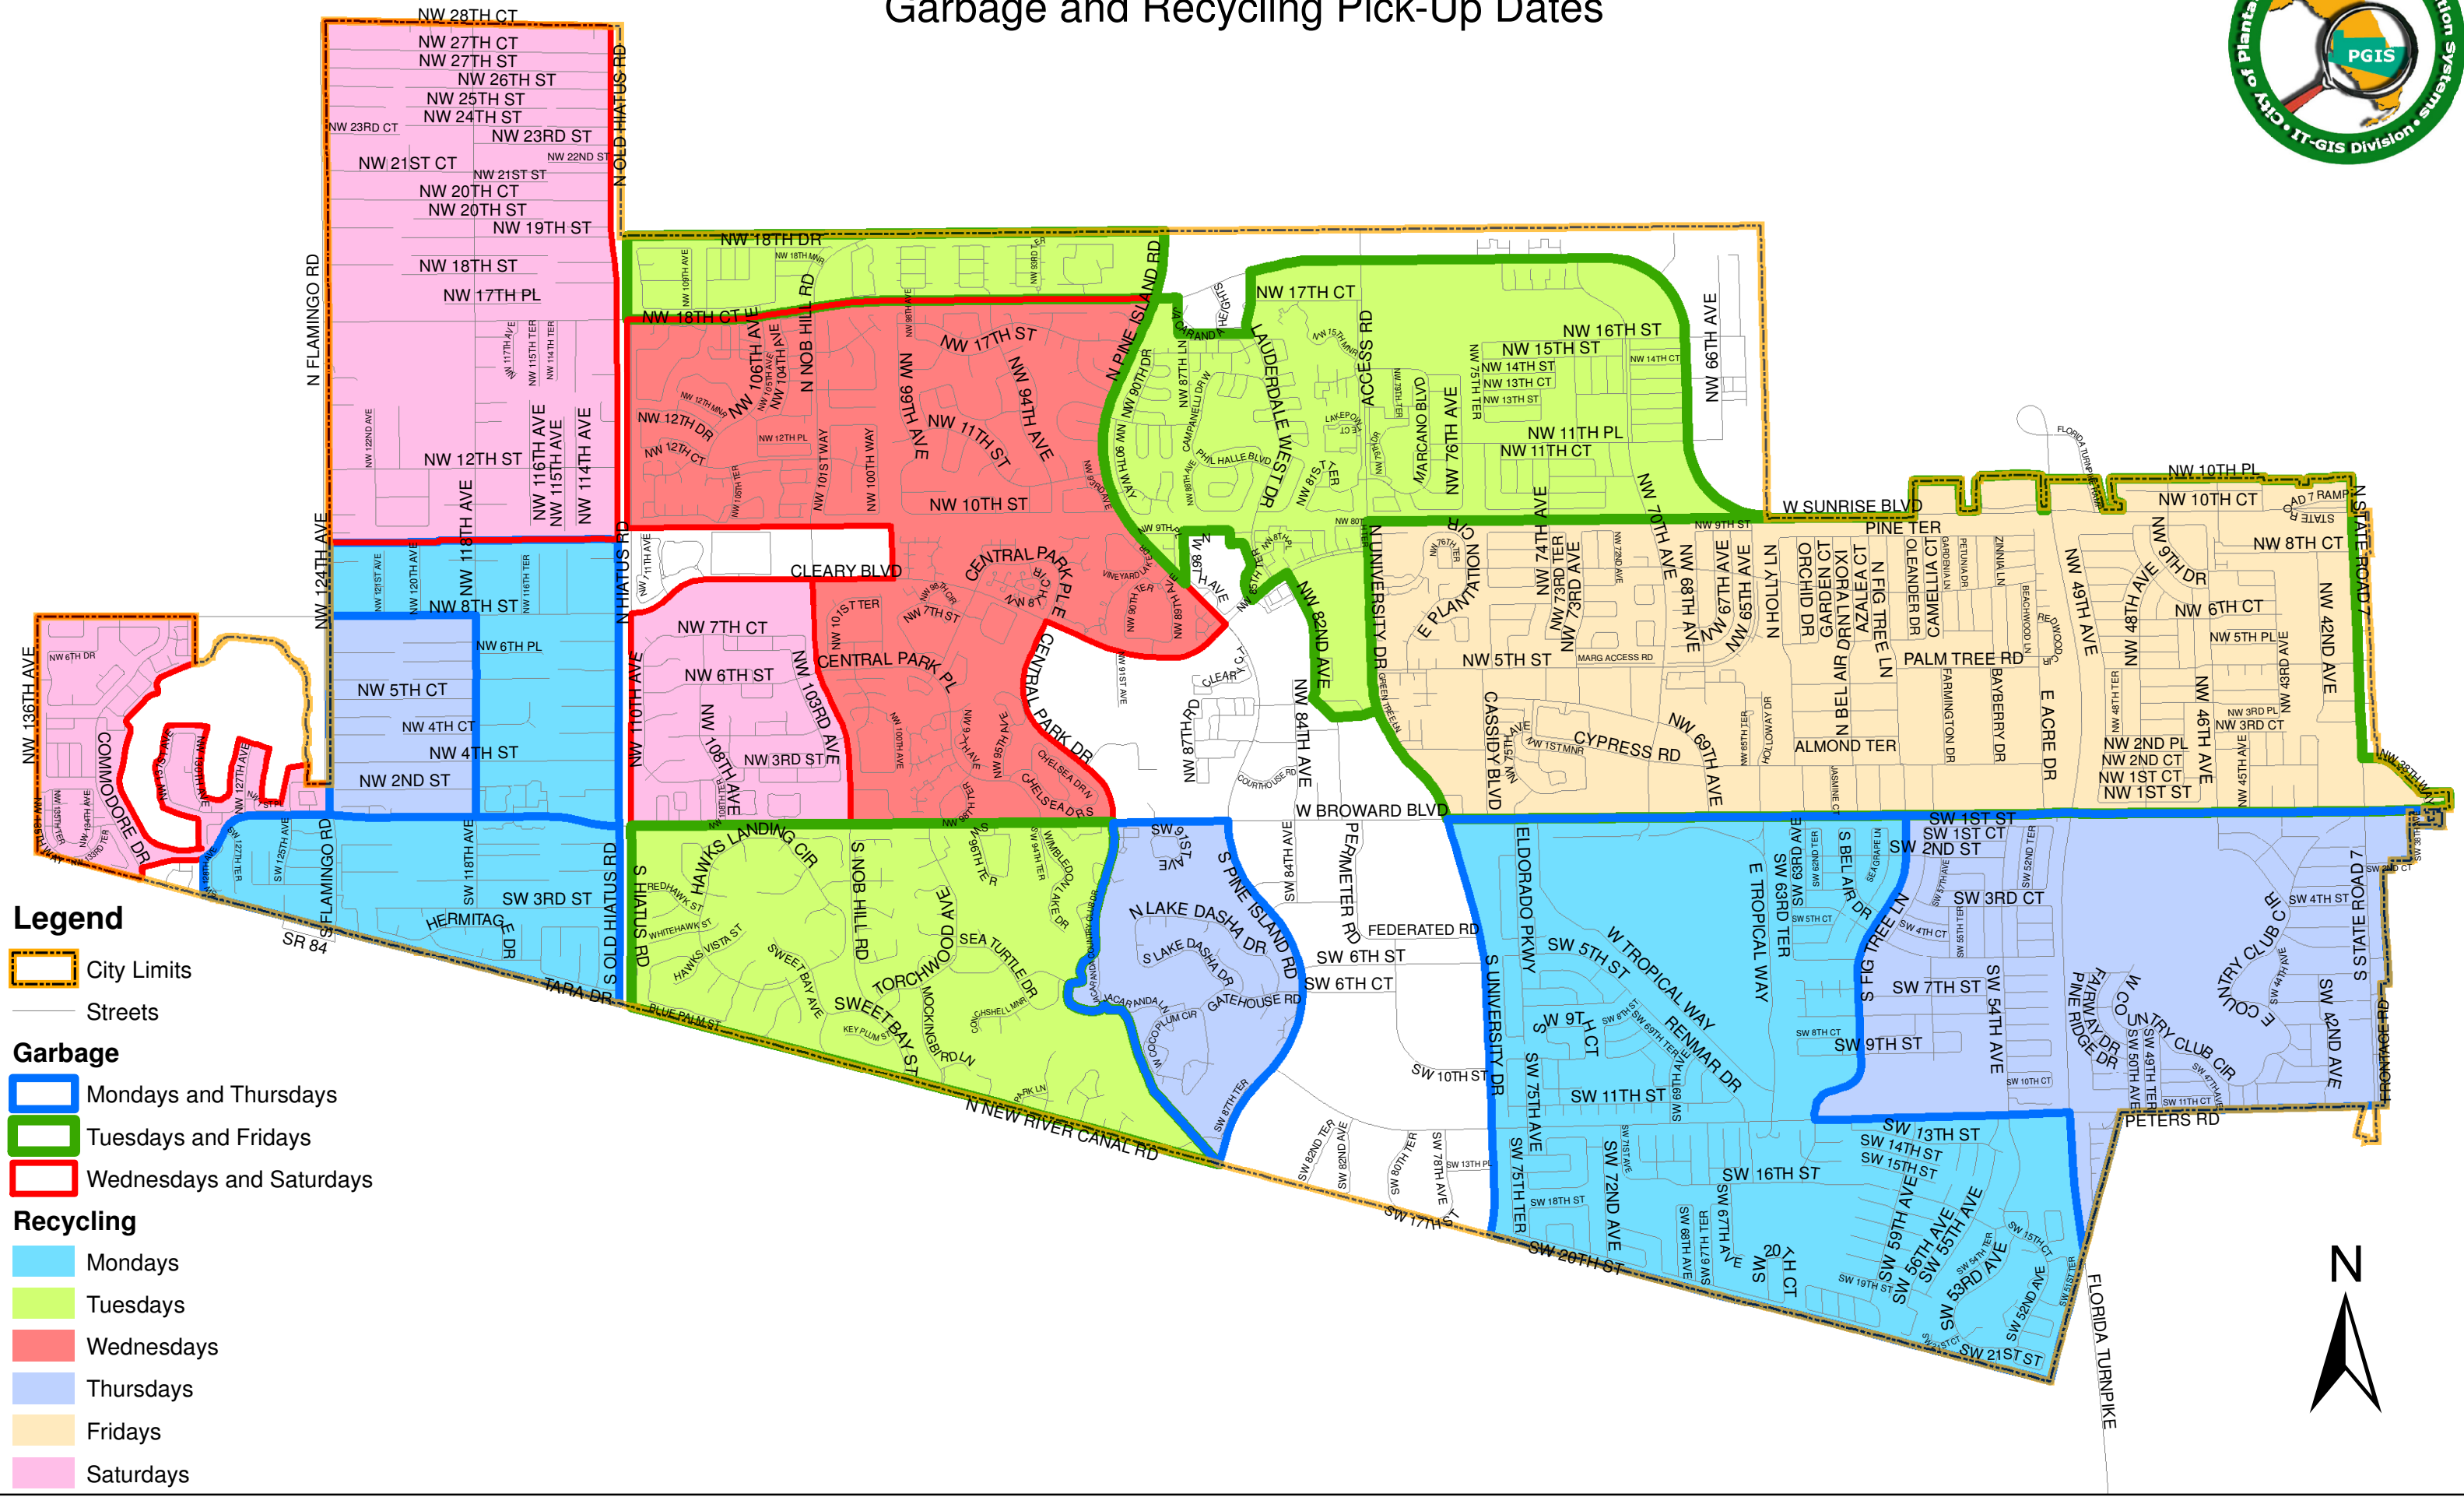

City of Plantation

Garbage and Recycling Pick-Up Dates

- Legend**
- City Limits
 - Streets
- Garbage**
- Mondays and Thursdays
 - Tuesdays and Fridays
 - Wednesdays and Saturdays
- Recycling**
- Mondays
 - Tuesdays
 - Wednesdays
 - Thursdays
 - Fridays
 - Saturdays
★ ★ ★ ★
WHAT THE TASK ASKS: Look for the word "Saturdays" in every line of the listing and copy the lines that have it.

TASK ANSWER:
 - Wednesdays and Saturdays
 - Saturdays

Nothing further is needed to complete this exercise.